--- START ---

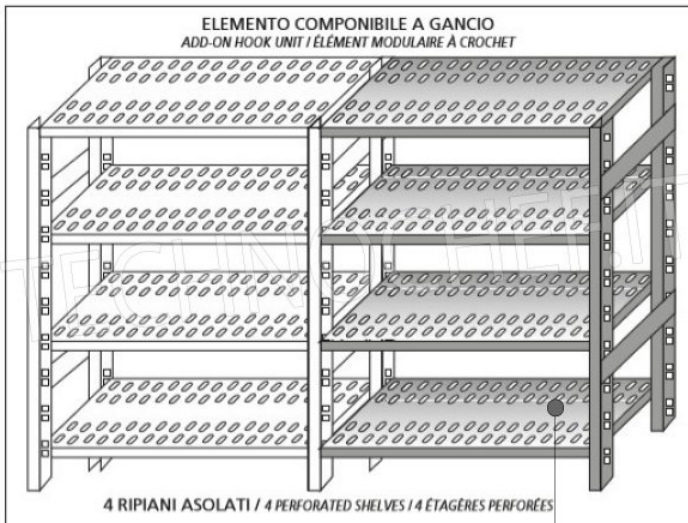

**Consegna:** da 4 a 9 giorni

MODULO AGGIUNTIVO

Esempi di montaggio  
 Assembly examples • Exemples de l'Assemblée

SCAFFALE A GANCIO  
 Stainless steel hook shelving • Étagère inox à crochet

H

2

0

0
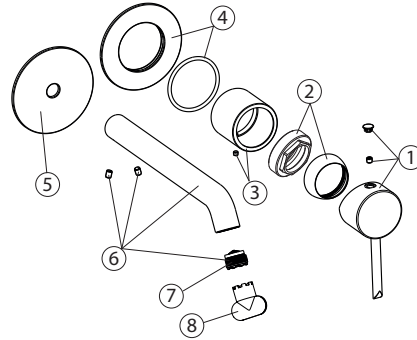

100318370 copper

Single lever basin mixer trim kit. . Ø35 mm ceramic cartridge. Without pop up waste. Flow rate 5 L/min at 3 bar.

Spare parts

POS.	SAP	ART.	RRP*
1	100319774	MANETA ROUND ENCASTRE COBRE 2 PLAC	-
2	100289412	TUERCA Y EMB. PROJECT LINE ENC. COBRE	-
3	100289309	CUBRE CART REDON PROJECT LINE ENC. COB	-
4	100319820	PLA EMB CART MON ROUND LAV 2 PLAC COB	-
5	100319809	PLA EMB CAÑ'O MON ROUND LAV 2 PLAC COB	-
6	100319821	CAÑ'O ROUND ENC.LAV. 2 PLAC COB	-
7	100151822	5L/MIN CONC. AERATOR TJ	-
8	100081787	LLAVE AIREADOR ENCASTRADO INTERMEDIO	-
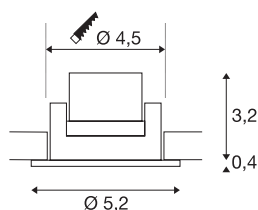

NEW TRIA MINI SET

inbouwarmatuur, LED, 3000K, rond, aluminium geborsteld, 30°, incl. driver, clipveren

De innovatieve NEW TRIA MINI SET onderscheidt zich door zijn eenvoud en effectiviteit. Beschikbaar in zwart, wit of aluminium geborsteld is de set in ronde resp. vierkante vorm verkrijgbaar. Door de uitrusting met een krachtige, warm witte Premium LED in een richtbaar inzetstuk alsook de meegeleverde LED-driver kan de set de eisen voor de algemene verlichting vervullen. Het armatuur wordt rechtstreeks aangesloten op 230V netspanning.

TECHNISCHE GEGEVENS

Art.nr.	113976
Draai- of zwenkbaar	kantelbaar
IP-code	IP 20 / IP 44
Schokbestendigheidsklasse	IK 02
Montage	inbouw
Montagebeschrijving	plafond
Primaire nominale spanning	220-240V ~50/60Hz
Secundaire stroom/spanning	700 mA
Beschermingsklasse	II
Wattage	3.4 W
minimale omgevingstemperatuur	-20 °C
maximale omgevingstemperatuur	30 °C
Niveau van inschakelstroom	15 A
Duur van inschakelstroom	150 µs
Stroboscopisch effect (SVM)	0
Lumen	190 lm
Lichtkleurtemperatuur	3000 Kelvin
Stralingshoek	30 °
Kleur	alu
CRI	90
UGR ≤	19
LXXBXX-gegevens	L70B50

Lichtbron

Levensduur	30000 h
Risk Group	1
Hoogte	3.6 cm
Diameter	5.2 cm
Nettogewicht	0.111 kg
Brutogewicht	0.139 kg
Uitsparingsvorm	rond
Inbouwdiepte	4 cm
Inbouwdiameter	4.5 cm
BIG WHITE pagina	141
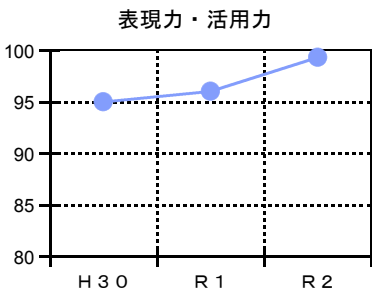

たいせつ：二十四節気の一つ。北風が吹き、大雪が降るという意味で、この日が過ぎると、日一日寒さが厳しくなる。

学校評価アンケートの結果

ご協力に感謝

学校評価アンケートにご理解ご協力をいただき、ありがとうございました。アンケートの集計結果をご家庭・地域の皆様にお知らせするとともに、今後の学校改善・授業改善につなげてまいります。次号では、保護者・児童・教職員の比較結果をお伝えいたします。

保護者アンケート結果を経年比較しました

<成果が見られた項目> (よくあてはまる、どちらかといえばあてはまるの割合を比較)

<評価が回復した項目>

<評価は回復したが課題となる項目>

<課題となる項目>

表彰されました

帯広市児童生徒読書感想文コンクール

優秀賞 3年生 中野 大輔 さん

「キャプテンはつらいぜ」を読んで
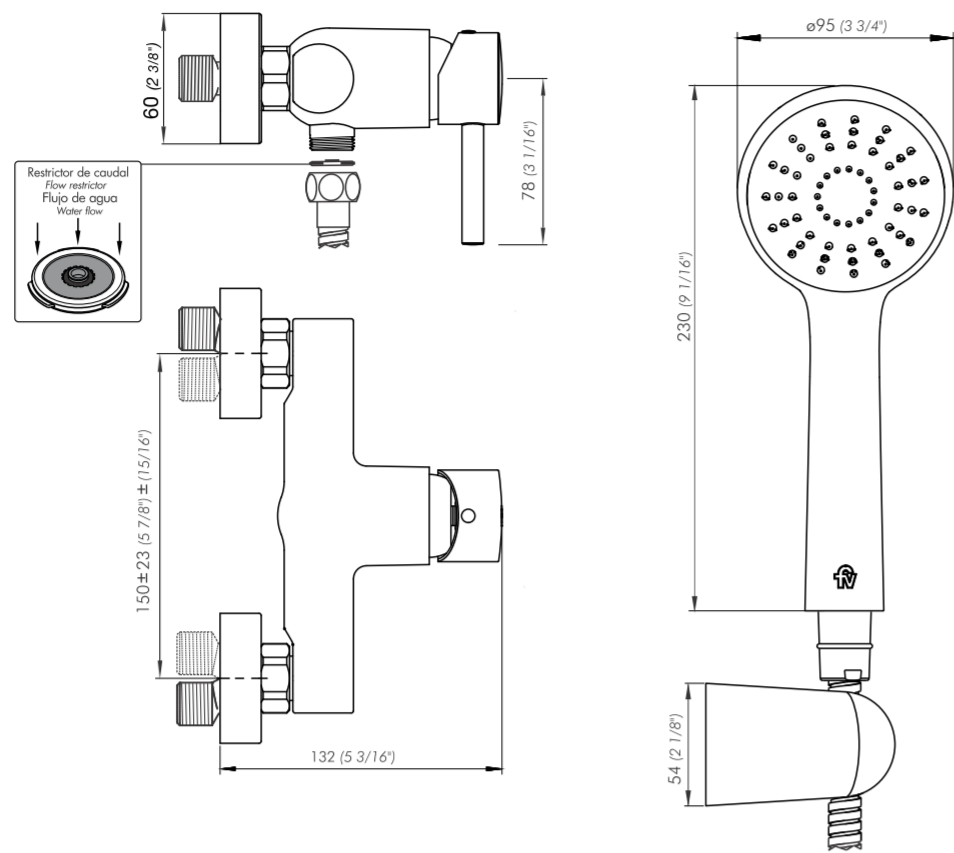

Z311/G1N Juego monocomando exterior pared, para ducha, con ducha manual incluida.
Single shower wall mount mixer, with eccentric couplings. Hand shower included.
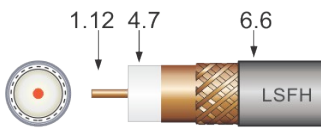

coaxial cable

111000111000

100 %
CERTIFIED

Preporuke:

Kompletne unutrašnje instalacije je moguće realizovati kvalitetnim 6-7mm (RG6) koaksijalnim kablovima. Ne postoji ni jedan tehnički razlog za projektovanje dela unutrašnjih instalacija kablovima dimenzija 11mm (RG11), osim u slučaju ekstremno velikih dužina.

Za prijemni antenski sistem, spoljašnje instalacije, podzemno polaganje koriste se kablovi sa PE (Polietilen) omotačem. Za unutrašnje instalacije se koriste kablovi sa PVC (Polivinilhlorid) omotačem. Sve češće u unutrašnjim instalacijama se koriste i LSFH (Low Smoke Halogen Free) koaksijalni kablovi bez emisije otrovnih gasova u slučaju požara.

Tehničke karakteristike:

- Model: **SUPERIOR** Televes T-100 LSFH, klasa A
- slabljenje: 800 MHz - 0.15 dB/m
2050 MHz - 0.25 dB/m
- unutrašnji provodnik: Cu
- spoljašnji provodnik: Cu
- dimenzije kao RG6
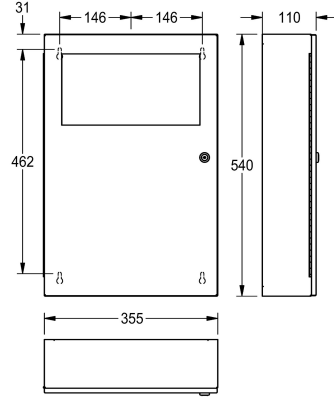

KWC RODAN

Pojemnik na odpady, montaż natynkowy

Modell-Linie: RODAN | RODX604

Aksesoria łazienkowe | Pojemniki na odpady

KWC-No.

2000101345

Pojemność ok. 16 l, wymiary 355 x 540 x 110 mm (szer. x wys. x głęb.)

2000101346

Pojemność ok. 45 l, wymiary 495 x 710 x 153 mm (szer. x wys. x głęb.)

Objętość

13 Litr

45 Litr

Łączna szerokość

355 mm

495 mm

komplecie: wkręty ze stali szlachetnej i kołki rozporowe.

Pojemność ok. 13 litrów
Wymiary (szer. x wys. x głęb.): 355 x 540 x 110 mm

Dane techniczne

Mocowanie worka

Objętość

Wieczko

Zamek

Materiał

540 mm

355 mm

Matowe

Przykręcony

Montaż naścienny
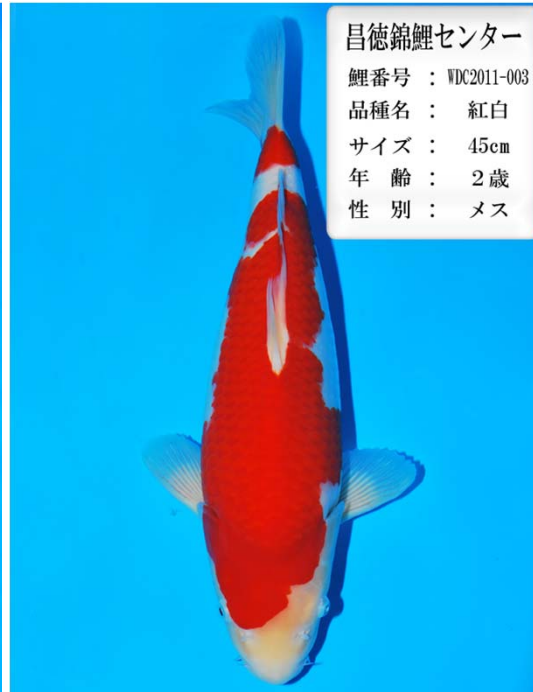

鯉番号 : WDC2011-003  
品種名 : 紅白  
サイズ : 53cm  
年齢 : 2歳  
性別 : メス

丸山養鯉場  
 鯉番号 : WDC2011-004  
 品種名 : 紅白  
 サイズ : 53cm  
 年齢 : 2歳  
 性別 : メス

丸山養鯉場  
 鯉番号 : WDC2011-005  
 品種名 : 紅白  
 サイズ : 53cm  
 年齢 : 2歳  
 性別 : メス

加知養鯉場  
 鯉番号 : WDC2011-001  
 品種名 : 昭和三色  
 サイズ : 50cm  
 年齢 : 2歳  
 性別 : メス

加知養鯉場  
 鯉番号 : WDC2011-002  
 品種名 : 紅白  
 サイズ : 45cm  
 年齢 : 2歳  
 性別 : メス

加知養鯉場  
 鯉番号 : WDC2011-003  
 品種名 : 大正三色  
 サイズ : 47cm  
 年齢 : 2歳  
 性別 : メス

昌徳錦鯉センター  
 鯉番号 : WDC2011-001  
 品種名 : 紅白  
 サイズ : 47cm  
 年齢 : 2歳  
 性別 : メス

昌徳錦鯉センター  
 鯉番号 : WDC2011-002  
 品種名 : 紅白  
 サイズ : 47cm  
 年齢 : 2歳  
 性別 : メス

昌徳錦鯉センター  
 鯉番号 : WDC2011-003  
 品種名 : 紅白  
 サイズ : 45cm  
 年齢 : 2歳  
 性別 : メス

--- END ---

* WHAT THIS TASK INVOLVES
Reproduce all of the entries exactly as they appear, though any picture they include must be omitted.

* RESULT OF THE EXERCISE
**Consegna:** da 4 a 9 giorni

MODULO AGGIUNTIVO

Esempi di montaggio  
 Assembly examples • Exemples de l'Assemblée

SCAFFALE A GANCIO  
 Stainless steel hook shelving • Étagère inox à crochet

H

2

0

0

100318370 copper

Single lever basin mixer trim kit. . Ø35 mm ceramic cartridge. Without pop up waste. Flow rate 5 L/min at 3 bar.

Spare parts

POS.	SAP	ART.	RRP*
1	100319774	MANETA ROUND ENCASTRE COBRE 2 PLAC	-
2	100289412	TUERCA Y EMB. PROJECT LINE ENC. COBRE	-
3	100289309	CUBRE CART REDON PROJECT LINE ENC. COB	-
4	100319820	PLA EMB CART MON ROUND LAV 2 PLAC COB	-
5	100319809	PLA EMB CAÑ'O MON ROUND LAV 2 PLAC COB	-
6	100319821	CAÑ'O ROUND ENC.LAV. 2 PLAC COB	-
7	100151822	5L/MIN CONC. AERATOR TJ	-
8	100081787	LLAVE AIREADOR ENCASTRADO INTERMEDIO	-

NEW TRIA MINI SET

inbouwarmatuur, LED, 3000K, rond, aluminium geborsteld, 30°, incl. driver, clipveren

De innovatieve NEW TRIA MINI SET onderscheidt zich door zijn eenvoud en effectiviteit. Beschikbaar in zwart, wit of aluminium geborsteld is de set in ronde resp. vierkante vorm verkrijgbaar. Door de uitrusting met een krachtige, warm witte Premium LED in een richtbaar inzetstuk alsook de meegeleverde LED-driver kan de set de eisen voor de algemene verlichting vervullen. Het armatuur wordt rechtstreeks aangesloten op 230V netspanning.

TECHNISCHE GEGEVENS

Art.nr.	113976
Draai- of zwenkbaar	kantelbaar
IP-code	IP 20 / IP 44
Schokbestendigheidsklasse	IK 02
Montage	inbouw
Montagebeschrijving	plafond
Primaire nominale spanning	220-240V ~50/60Hz
Secundaire stroom/spanning	700 mA
Beschermingsklasse	II
Wattage	3.4 W
minimale omgevingstemperatuur	-20 °C
maximale omgevingstemperatuur	30 °C
Niveau van inschakelstroom	15 A
Duur van inschakelstroom	150 µs
Stroboscopisch effect (SVM)	0
Lumen	190 lm
Lichtkleurtemperatuur	3000 Kelvin
Stralingshoek	30 °
Kleur	alu
CRI	90
UGR ≤	19
LXXBXX-gegevens	L70B50

Lichtbron

Levensduur	30000 h
Risk Group	1
Hoogte	3.6 cm
Diameter	5.2 cm
Nettogewicht	0.111 kg
Brutogewicht	0.139 kg
Uitsparingsvorm	rond
Inbouwdiepte	4 cm
Inbouwdiameter	4.5 cm
BIG WHITE pagina	141

たいせつ：二十四節気の一つ。北風が吹き、大雪が降るという意味で、この日が過ぎると、日一日寒さが厳しくなる。

学校評価アンケートの結果

ご協力に感謝

学校評価アンケートにご理解ご協力をいただき、ありがとうございました。アンケートの集計結果をご家庭・地域の皆様にお知らせするとともに、今後の学校改善・授業改善につなげてまいります。次号では、保護者・児童・教職員の比較結果をお伝えいたします。

保護者アンケート結果を経年比較しました

<成果が見られた項目> (よくあてはまる、どちらかといえばあてはまるの割合を比較)

<評価が回復した項目>

<評価は回復したが課題となる項目>

<課題となる項目>

表彰されました

帯広市児童生徒読書感想文コンクール

優秀賞 3年生 中野 大輔 さん

「キャプテンはつらいぜ」を読んで

Z311/G1N Juego monocomando exterior pared, para ducha, con ducha manual incluida.
Single shower wall mount mixer, with eccentric couplings. Hand shower included.

coaxial cable

111000111000

100 %
CERTIFIED

Preporuke:

Kompletne unutrašnje instalacije je moguće realizovati kvalitetnim 6-7mm (RG6) koaksijalnim kablovima. Ne postoji ni jedan tehnički razlog za projektovanje dela unutrašnjih instalacija kablovima dimenzija 11mm (RG11), osim u slučaju ekstremno velikih dužina.

Za prijemni antenski sistem, spoljašnje instalacije, podzemno polaganje koriste se kablovi sa PE (Polietilen) omotačem. Za unutrašnje instalacije se koriste kablovi sa PVC (Polivinilhlorid) omotačem. Sve češće u unutrašnjim instalacijama se koriste i LSFH (Low Smoke Halogen Free) koaksijalni kablovi bez emisije otrovnih gasova u slučaju požara.

Tehničke karakteristike:

- Model: **SUPERIOR** Televes T-100 LSFH, klasa A
- slabljenje: 800 MHz - 0.15 dB/m
2050 MHz - 0.25 dB/m
- unutrašnji provodnik: Cu
- spoljašnji provodnik: Cu
- dimenzije kao RG6

KWC RODAN

Pojemnik na odpady, montaż natynkowy

Modell-Linie: RODAN | RODX604

Aksesoria łazienkowe | Pojemniki na odpady

KWC-No.

2000101345

Pojemność ok. 16 l, wymiary 355 x 540 x 110 mm (szer. x wys. x głęb.)

2000101346

Pojemność ok. 45 l, wymiary 495 x 710 x 153 mm (szer. x wys. x głęb.)

Objętość

13 Litr

45 Litr

Łączna szerokość

355 mm

495 mm

komplecie: wkręty ze stali szlachetnej i kołki rozporowe.

Pojemność ok. 13 litrów
Wymiary (szer. x wys. x głęb.): 355 x 540 x 110 mm

Dane techniczne

Mocowanie worka

Objętość

Wieczko

Zamek

Materiał

540 mm

355 mm

Matowe

Przykręcony

Montaż naścienny

鯉番号 : WDC2011-003  
品種名 : 紅白  
サイズ : 53cm  
年齢 : 2歳  
性別 : メス

丸山養鯉場  
 鯉番号 : WDC2011-004  
 品種名 : 紅白  
 サイズ : 53cm  
 年齢 : 2歳  
 性別 : メス

丸山養鯉場  
 鯉番号 : WDC2011-005  
 品種名 : 紅白  
 サイズ : 53cm  
 年齢 : 2歳  
 性別 : メス

加知養鯉場  
 鯉番号 : WDC2011-001  
 品種名 : 昭和三色  
 サイズ : 50cm  
 年齢 : 2歳  
 性別 : メス

加知養鯉場  
 鯉番号 : WDC2011-002  
 品種名 : 紅白  
 サイズ : 45cm  
 年齢 : 2歳  
 性別 : メス

加知養鯉場  
 鯉番号 : WDC2011-003  
 品種名 : 大正三色  
 サイズ : 47cm  
 年齢 : 2歳  
 性別 : メス

昌徳錦鯉センター  
 鯉番号 : WDC2011-001  
 品種名 : 紅白  
 サイズ : 47cm  
 年齢 : 2歳  
 性別 : メス

昌徳錦鯉センター  
 鯉番号 : WDC2011-002  
 品種名 : 紅白  
 サイズ : 47cm  
 年齢 : 2歳  
 性別 : メス

昌徳錦鯉センター  
 鯉番号 : WDC2011-003  
 品種名 : 紅白  
 サイズ : 45cm  
 年齢 : 2歳  
 性別 : メス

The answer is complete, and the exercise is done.